In just about any web page form field, you can use Command-Return to have Safari display the results in a new tab. Try it here on Daring Fireball by scrolling to the bottom of this page and using the search form. In previous versions of Safari, you could use Command-Return to open a new tab when using the the location and Google search fields in the address bar, but the ability to use this from web page form fields is new to Safari 2.0 and version 1.3 on Mac OS X 10.3.9. (Thanks to Sage Olson.)

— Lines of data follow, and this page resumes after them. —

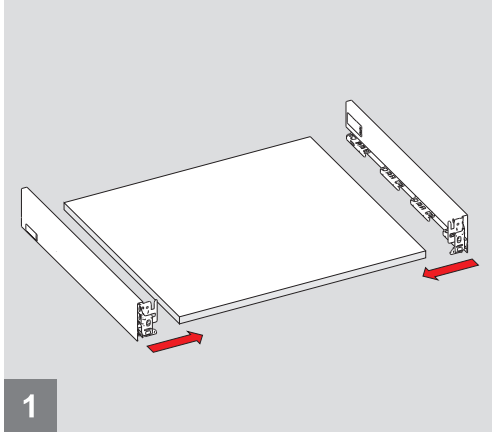

Kabin Ölçüleri Dimensions du meuble

Kabin İç Genişliği : KIG
Kabin İç Derinliği : KID
Çekmece Derinliği : ÇD
Çekmece İç Genişliği : ÇIG
Nominal Boy (Ray boyu) : NB

Largeur intérieure du meuble : LIM
Profondeur intérieure du meuble : PIM
Profondeur du tiroir : PT
Largeur intérieure du tiroir : LIT
Longueur nominale : LN

Ön Panel
Panneau avant

Ahşap Çekmece Tabanı
Fond du tiroir en bois

Ahşap Arkalık
Panneau arrière en bois

Ön Bordür Çubuğu
Galerie de rails avant

Montaj / Assemblage

Çekmeceyi çıkarmak için mandala ok yönünde basınız.

Appuyez sur le verrou vers la flèche pour retirer le tiroir.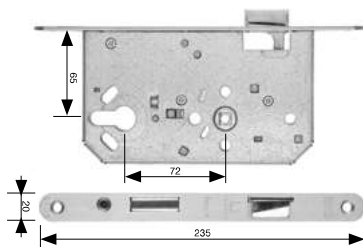

Zámky pro dveře otočné

Zámek zadlabací S MAGNETICKOU STŘELKOU a PŘEVODEM

VL - vložkový 72/80 mm
jednozárpadový - 16 mm

Provedení

Objednací číslo

Levopravý
NEREZ

MDZK-000069

Levopravý
TIN-K (černý)

MDZK-003761

Zámek zadlabací - panikový NEMEF 1769-20

VL - vložkový 72/100 mm, - nedělený čtyřhran
dvouzárpadový - 10/21
šířka čelního plechu 20 mm
klíka/koule

Provedení

Objednací číslo

Levý

MDZM-003848

Pravý

MDZM-003849

VL - vložkový 72/100, dělený čtyřhran
dvouzárpadový - 10/21
šířka čelního plechu
klíka/klíka

Levý

MDZM-003846

Pravý

MDZM-003847

VL - vložkový 72/100 mm - dělený čtyřhran
dvouzárpadový - 10/21
šířka čelního plechu
klíka/klíka - obrácená paniková funkce/reverzní)

Levý

Na dotaz

Pravý

Na dotaz

Dělený čtyřhran pro panikový zámek, provedení klíka/klíka

pro kování Assa Abloy,
polodrážkové, bezpolodrážkové

Provedení

Objednací číslo

8x8, 9x9/120 mm

ODPA-001096

pro kování M&T
pro dveře polodrážkové ARGOS

8x8, 9x9/100 mm

ODPA-002166

pro kování M&T
pro dveře bezpolodrážkové ARGOS

8x8, 9x9/100 mm

ODPA-002167

Zámek zadlabací

VL - 72 mm, DIN 65, SATÉN
dvouzárpadový - 12/23 mm
pro dveře 43 dB
Dodávka na objednávku

Provedení

Objednací číslo

Levý

MDZM-002935

Pravý

MDZM-002936

Zámek zadlabací - GEGE PZ/50/18

DLE NORMY ÖNORM
VL - vložkový 88
Dodávka na objednávku

Provedení

Objednací číslo

Levopravý

MDZM-001688

Zámek zadlabací - GEGE BB/50/18

DLE NORMY ÖNORM
OB - obyčejný 90
Dodávka na objednávku

Provedení

Objednací číslo

Levopravý

MDZM-002638

*Tento zámek je nutné použít v případě kombinace vložkový mag. zámek a kování klíka/koule - umožňuje ovládat síťelku zámku FAB

When using the system’s built-in keyboard shortcuts for screen captures (Command-Shift-3 to capture the screen, Command-Shift-4 to capture the selected area), output files are now saved as PNGs. In Mac OS X 10.2 and 10.3, these screenshots were saved as PDFs. PNG is a much better choice. (Of course, if you use Snapz Pro X, as I do, you can choose from PNG, PDF, TIFF, JPEG, PICT, GIF, BMP, and PSD.)
Tiger’s new Dictionary app registers with Launch Services as the
default handler for the dict://
URL scheme. The idea, I presume, is
that one should be able to construct URLs that direct Dictionary to
look up words. Documentation for this, however, seems non-existent.
There’s no mention of the dict://
URL scheme anywhere in
Dictionary’s help book.
RFC 2229 defines the dictionary server protocol, section 5 of which pertains to “URL Specification”. It starts:
The DICT URL scheme is used to refer to definitions or word lists available using the DICT protocol:
dict://<user>;<auth>@<host>:<port>/d:<word>:<database>:<n> dict://<user>;<auth>@<host>:<port>/m:<word>:<database>:<strat>:<n>
The “/d” syntax specifies the DEFINE command (section 3.2), whereas the “/m” specifies the MATCH command (section 3.3).
Some or all of “
<user>;<auth>@
”, “:<port>
”, “<database>
”, “<strat>
”, and “<n>
” may be omitted.
The DICT protocol, which is the main subject of the RFC, is about
querying a dictionary server over the network. That’s not what Apple’s
Dictionary does — the data source for Dictionary is a local database,
not a server on the network. So most of the tokens in the URL scheme
defined by the RFC aren’t applicable: <user>
, <auth>
, <host>
,
<port>
aren’t needed.
Dictionary, however, seems to ignore all of them. Even the “/d:
” and
“/m:
” actions, for “define” and “match”, which according to the RFC
aren’t optional, aren’t supported by Dictionary.
So far as I can tell, the only URL format accepted by Dictionary is in the form:
dict:///<word>
Note that it requires three slashes, not two. For example:
Seems simple enough. But what stinks is that the query must be an exact match. If you misspell the word, the look-up fails silently. The only thing that happens for a failed look-up from a URL is that the Dictionary app activates. For example, this won’t work:
because “insouciant” is misspelled. In the regular Dictionary user interface, if you make a misspelling, it usually susses out what you meant and offers a suggestion. Type “insoucient” in the query field and you’ll be asked: “No entries found. Did you mean?”, with “insouciant” selected. All you need to do is hit Return to see the definition of “insouciant”.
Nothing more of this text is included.